To help me brighten this theme up even more let me appeal to my new favorite theologian, Katherine Sonderegger. She “coincidentally” just happens to be writing on this same theme as I am currently reading through her new Systematic Theology, Vol. 1. I am going to quote her at serious length (just know I am doing this for you reader, you need to read what she has to say on this at length and let it penetrate the depth of your soul; you need to hear this as much as I do, we all need it!)

… It is the searing, personal encounter with the Living I, the God who is. Before the free Holiness of this God, His sovereign, personal Power, we fall silent. “I have heard of you by the hearing of the ear, but now my eye sees you; therefore I despise myself, and repent in dust and ashes,” Job says as he too finally falls silent before the Lord (Job 42:5-6). Our silence is the terrible correspondence, in human scale, to the personal Freedom of God. In its own frightening incompatibility, this is faith’s compatibilism: that in our anguished silence, the Aseity of God, His very own Mystery as infinite I, is signaled and buried deep.

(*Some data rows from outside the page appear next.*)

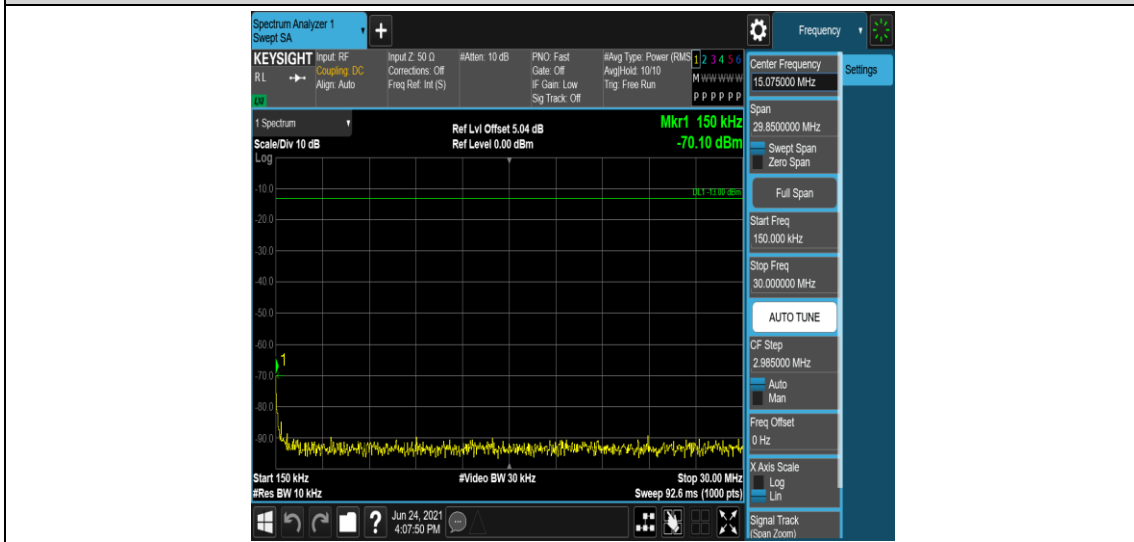

Band4-15MHz-16QAM-20025-1RB#0-Range1:0.009~0.15MHz

Band4-15MHz-16QAM-20025-1RB#0-Range2:0.15~30MHz

Band4-15MHz-16QAM-2025-1RB#0-Range3:30~1000MHz

Band4-15MHz-16QAM-2025-1RB#0-Range4:1000~2000MHz

Band4-15MHz-16QAM-2025-1RB#0-Range5:2000~20000MHz

Band4-15MHz-16QAM-20175-1RB#0-Range1:0.009~0.15MHz

Band4-15MHz-16QAM-20175-1RB#0-Range2:0.15~30MHz

Band4-15MHz-16QAM-20175-1RB#0-Range3:30~1000MHz

Band4-15MHz-16QAM-20175-1RB#0-Range4:1000~2000MHz

Band4-15MHz-16QAM-20175-1RB#0-Range5:2000~20000MHz

Band4-15MHz-16QAM-20325-1RB#0-Range1:0.009~0.15MHz

Band4-15MHz-16QAM-20325-1RB#0-Range2:0.15~30MHz

Band4-15MHz-16QAM-20325-1RB#0-Range3:30~1000MHz

Band4-15MHz-16QAM-20325-1RB#0-Range4:1000~2000MHz

Band4-15MHz-16QAM-20325-1RB#0-Range5:2000~20000MHz

Thou hast given us up to be butchered like sheep and hast scattered us among the nations. Thou hast sold thy people for next to nothing and had no profit from the sale. All this has befallen us, but we do not forget thee and have not betrayed thy covenant; we have not gone back on our purpose, nor have our feet strayed from thy path. Because of thee we are done to death all day long, and are treated as sheep for the slaughter.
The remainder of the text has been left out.